[Stored data]
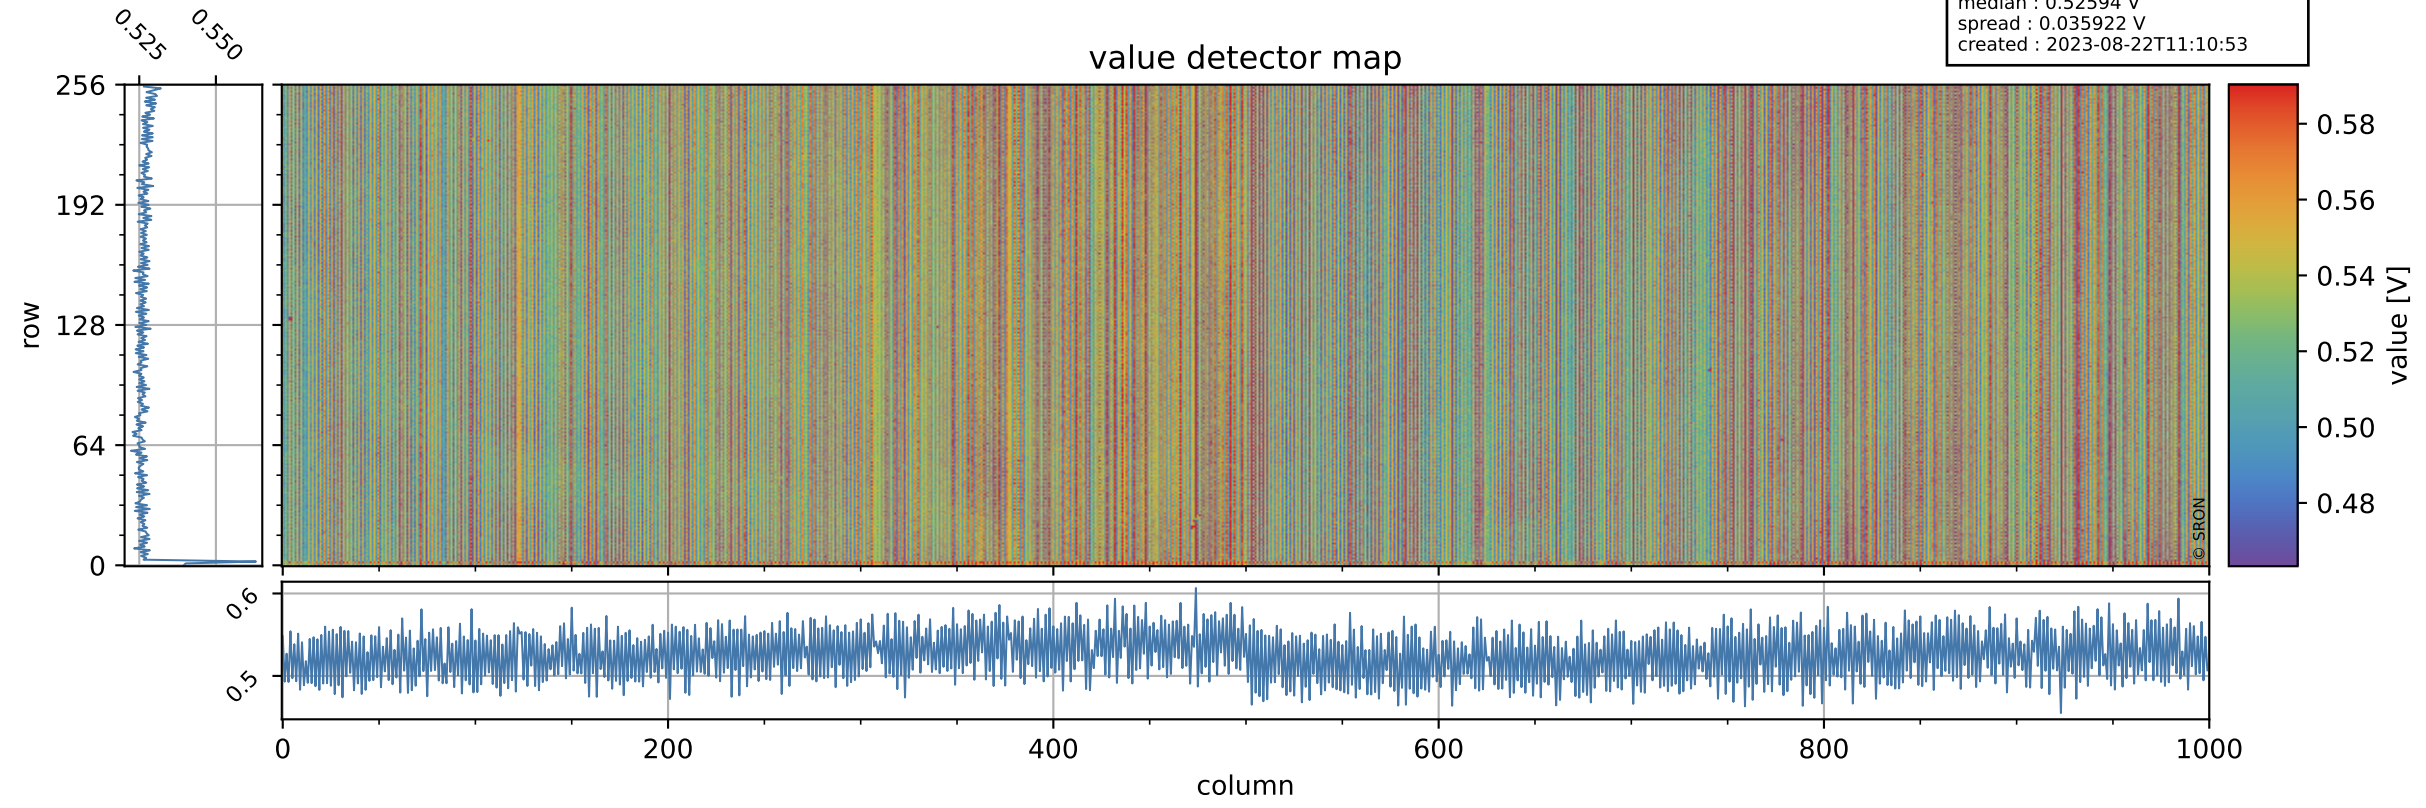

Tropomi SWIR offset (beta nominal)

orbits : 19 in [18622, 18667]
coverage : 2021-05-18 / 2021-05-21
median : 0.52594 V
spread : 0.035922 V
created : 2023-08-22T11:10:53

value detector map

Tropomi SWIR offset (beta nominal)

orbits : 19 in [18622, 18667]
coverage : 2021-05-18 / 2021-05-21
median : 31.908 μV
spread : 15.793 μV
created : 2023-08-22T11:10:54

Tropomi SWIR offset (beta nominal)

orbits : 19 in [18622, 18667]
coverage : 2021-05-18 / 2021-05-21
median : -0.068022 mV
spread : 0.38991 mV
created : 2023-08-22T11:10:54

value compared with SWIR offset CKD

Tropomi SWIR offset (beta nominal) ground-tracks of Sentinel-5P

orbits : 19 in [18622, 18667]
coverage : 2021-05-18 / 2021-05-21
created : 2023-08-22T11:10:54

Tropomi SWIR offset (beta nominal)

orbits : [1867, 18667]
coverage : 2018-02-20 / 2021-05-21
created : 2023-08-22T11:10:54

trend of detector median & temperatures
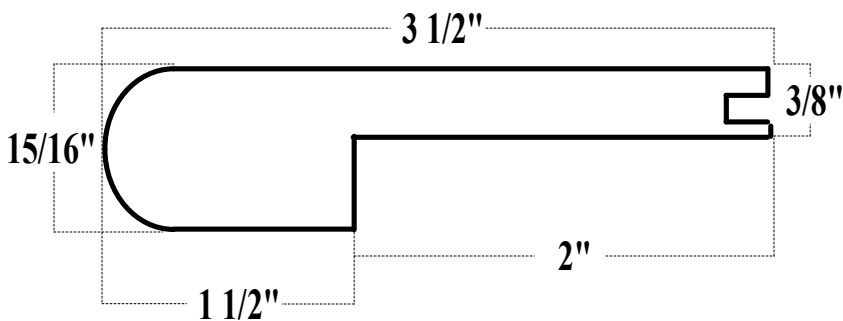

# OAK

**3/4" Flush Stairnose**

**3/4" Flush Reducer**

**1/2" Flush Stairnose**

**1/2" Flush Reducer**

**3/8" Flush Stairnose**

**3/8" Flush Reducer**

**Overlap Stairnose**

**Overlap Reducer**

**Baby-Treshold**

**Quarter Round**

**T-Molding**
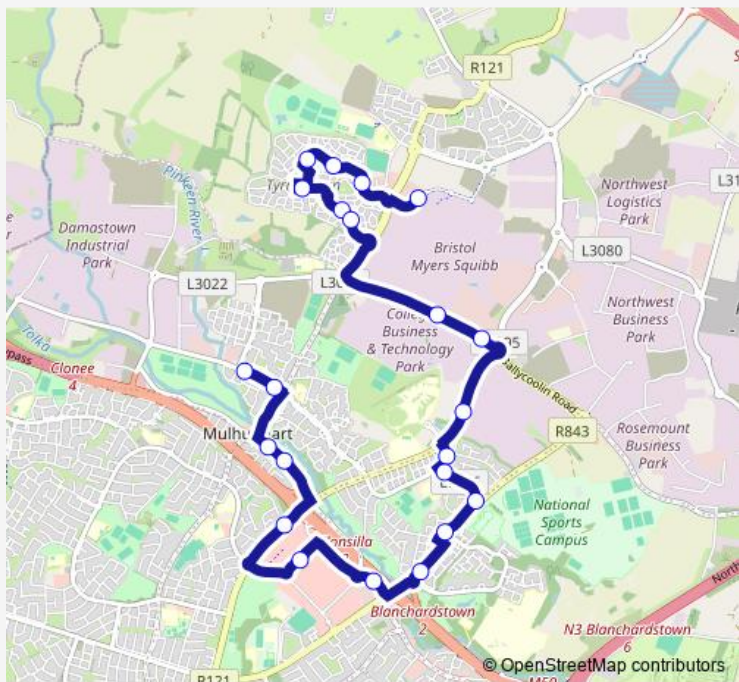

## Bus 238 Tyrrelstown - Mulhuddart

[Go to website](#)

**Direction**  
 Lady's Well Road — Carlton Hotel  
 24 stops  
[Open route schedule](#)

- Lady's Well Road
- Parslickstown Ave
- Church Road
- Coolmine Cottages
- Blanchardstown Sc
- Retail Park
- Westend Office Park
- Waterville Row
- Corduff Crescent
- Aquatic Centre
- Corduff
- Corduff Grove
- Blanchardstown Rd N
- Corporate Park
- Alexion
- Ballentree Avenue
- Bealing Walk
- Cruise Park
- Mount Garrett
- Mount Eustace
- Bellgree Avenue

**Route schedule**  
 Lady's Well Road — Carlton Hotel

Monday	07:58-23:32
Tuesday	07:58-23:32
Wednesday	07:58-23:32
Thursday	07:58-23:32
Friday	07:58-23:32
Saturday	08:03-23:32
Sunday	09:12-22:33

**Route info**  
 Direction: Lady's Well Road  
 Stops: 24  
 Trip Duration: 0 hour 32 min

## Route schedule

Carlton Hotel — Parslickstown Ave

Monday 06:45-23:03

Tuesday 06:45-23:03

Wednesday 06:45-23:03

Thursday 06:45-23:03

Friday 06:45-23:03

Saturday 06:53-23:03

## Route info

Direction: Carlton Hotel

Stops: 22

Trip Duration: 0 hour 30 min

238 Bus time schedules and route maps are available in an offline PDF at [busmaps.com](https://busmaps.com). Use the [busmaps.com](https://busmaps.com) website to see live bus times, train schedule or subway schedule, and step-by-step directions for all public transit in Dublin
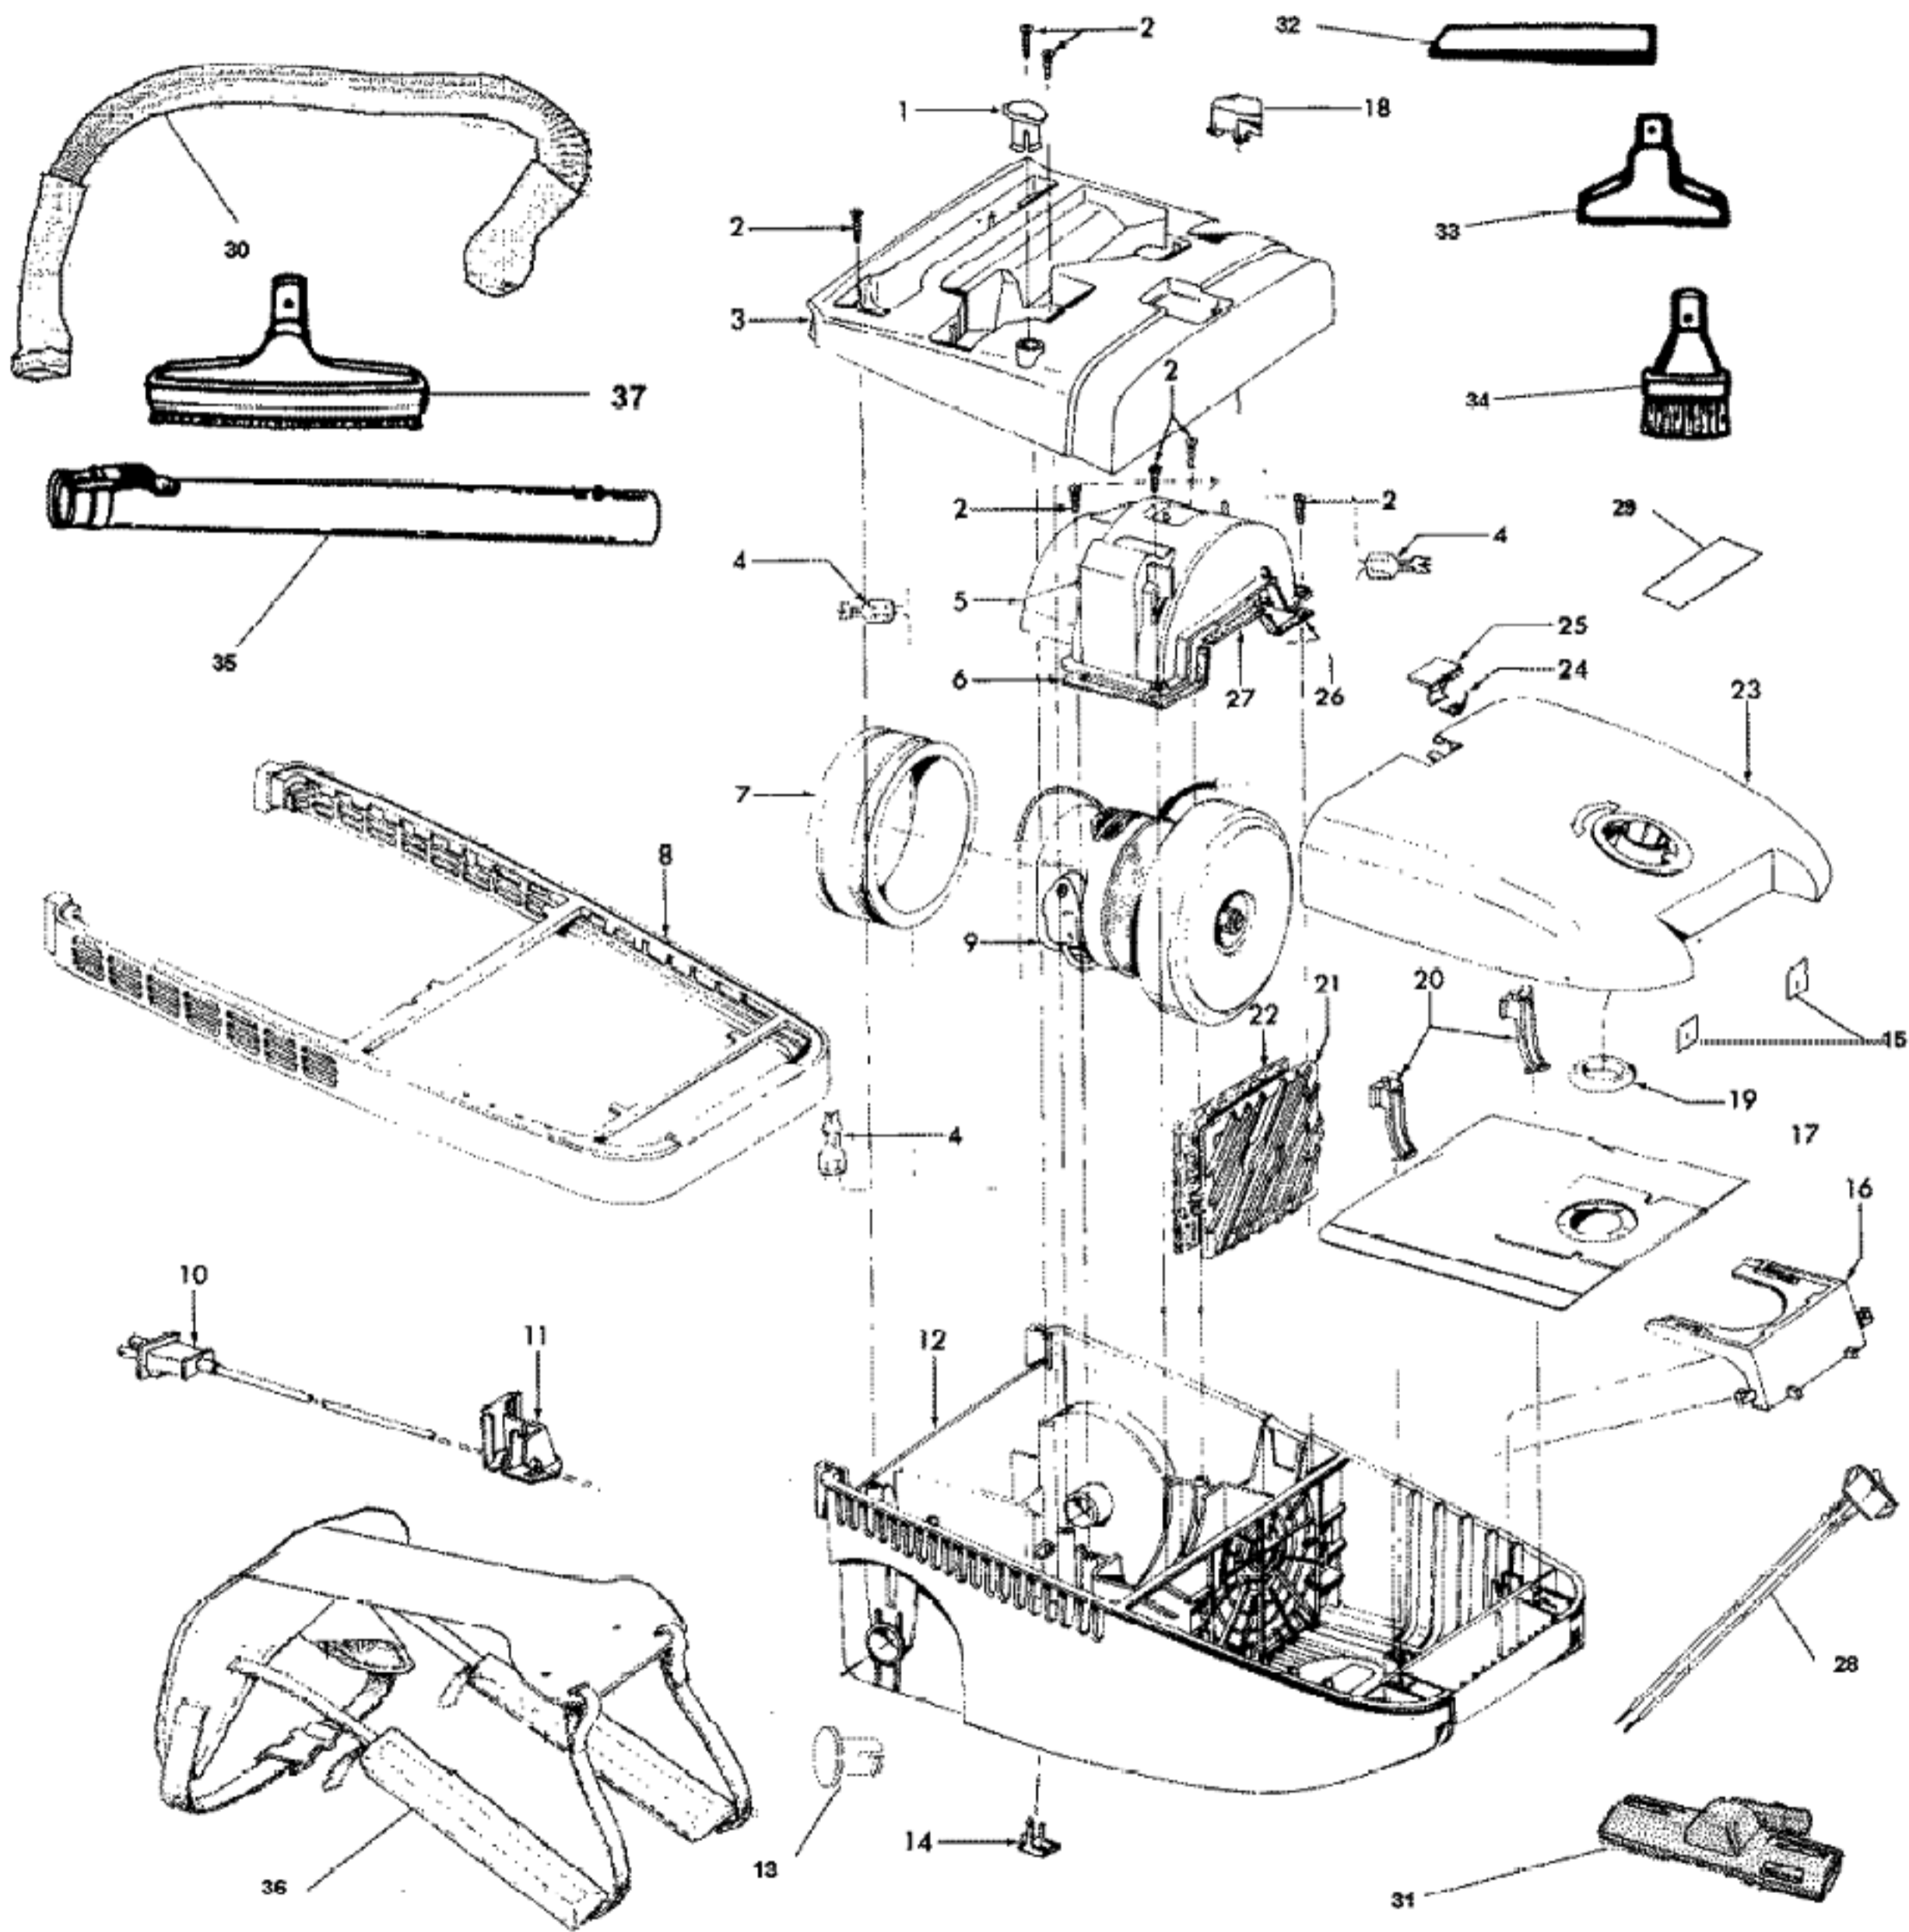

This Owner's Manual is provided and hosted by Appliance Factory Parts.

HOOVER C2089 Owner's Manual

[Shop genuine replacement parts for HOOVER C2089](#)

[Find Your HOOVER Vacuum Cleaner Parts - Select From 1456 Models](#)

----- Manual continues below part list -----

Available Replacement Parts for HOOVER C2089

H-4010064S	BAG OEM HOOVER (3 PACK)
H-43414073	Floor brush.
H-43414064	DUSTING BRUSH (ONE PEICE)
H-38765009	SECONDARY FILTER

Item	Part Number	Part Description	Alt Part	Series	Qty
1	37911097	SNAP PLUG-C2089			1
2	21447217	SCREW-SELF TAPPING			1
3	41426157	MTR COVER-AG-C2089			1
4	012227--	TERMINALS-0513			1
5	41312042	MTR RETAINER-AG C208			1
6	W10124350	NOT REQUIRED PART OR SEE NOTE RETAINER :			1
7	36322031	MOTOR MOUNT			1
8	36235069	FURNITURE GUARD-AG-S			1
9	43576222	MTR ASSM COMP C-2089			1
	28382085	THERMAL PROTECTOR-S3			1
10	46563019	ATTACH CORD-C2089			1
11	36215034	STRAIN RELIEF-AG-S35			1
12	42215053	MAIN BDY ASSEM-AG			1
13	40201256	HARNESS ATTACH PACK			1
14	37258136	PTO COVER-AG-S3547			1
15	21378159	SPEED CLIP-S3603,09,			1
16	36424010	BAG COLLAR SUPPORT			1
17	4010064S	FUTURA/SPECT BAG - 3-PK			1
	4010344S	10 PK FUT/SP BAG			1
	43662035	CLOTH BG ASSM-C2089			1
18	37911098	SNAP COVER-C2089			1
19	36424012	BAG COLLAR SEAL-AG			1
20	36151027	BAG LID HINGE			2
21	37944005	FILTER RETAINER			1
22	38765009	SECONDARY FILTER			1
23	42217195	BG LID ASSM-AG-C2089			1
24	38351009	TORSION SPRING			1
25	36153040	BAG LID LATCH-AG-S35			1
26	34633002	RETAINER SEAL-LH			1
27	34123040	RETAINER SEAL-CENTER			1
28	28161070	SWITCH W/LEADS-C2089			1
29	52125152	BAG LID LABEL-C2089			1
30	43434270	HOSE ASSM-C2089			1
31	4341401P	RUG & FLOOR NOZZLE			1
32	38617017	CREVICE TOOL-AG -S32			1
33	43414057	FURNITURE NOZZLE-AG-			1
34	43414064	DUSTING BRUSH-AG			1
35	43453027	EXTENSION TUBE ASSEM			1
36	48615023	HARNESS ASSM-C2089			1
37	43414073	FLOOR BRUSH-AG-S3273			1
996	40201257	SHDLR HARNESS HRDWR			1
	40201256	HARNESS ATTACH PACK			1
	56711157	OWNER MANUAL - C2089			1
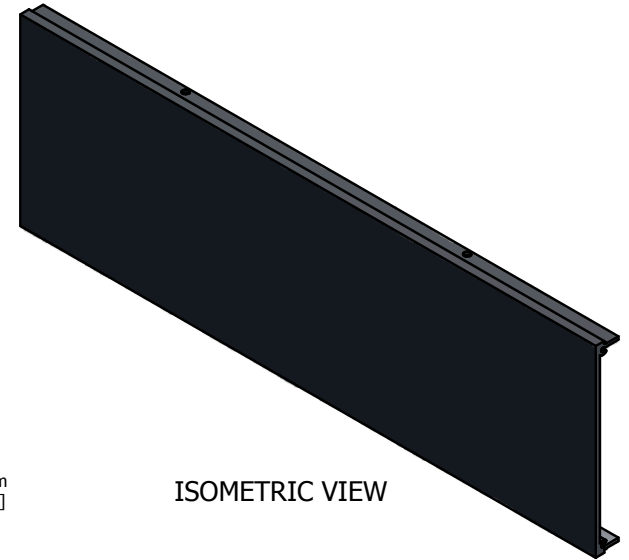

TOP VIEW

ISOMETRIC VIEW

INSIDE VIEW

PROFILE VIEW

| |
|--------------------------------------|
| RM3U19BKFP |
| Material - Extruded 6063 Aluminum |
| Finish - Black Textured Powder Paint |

_Task prompt_. Reproduce exactly the lines of the entries above from the first through the line with "Tropomi SWIR offset (beta nominal) ground-tracks", both included; pictures should not be reproduced.

_Answer to this task_.
Tropomi SWIR offset (beta nominal)

orbits : 19 in [18622, 18667]
coverage : 2021-05-18 / 2021-05-21
median : 0.52594 V
spread : 0.035922 V
created : 2023-08-22T11:10:53

value detector map

Tropomi SWIR offset (beta nominal)

orbits : 19 in [18622, 18667]
coverage : 2021-05-18 / 2021-05-21
median : 31.908 μV
spread : 15.793 μV
created : 2023-08-22T11:10:54

Tropomi SWIR offset (beta nominal)

orbits : 19 in [18622, 18667]
coverage : 2021-05-18 / 2021-05-21
median : -0.068022 mV
spread : 0.38991 mV
created : 2023-08-22T11:10:54

value compared with SWIR offset CKD

Tropomi SWIR offset (beta nominal) ground-tracks of Sentinel-5P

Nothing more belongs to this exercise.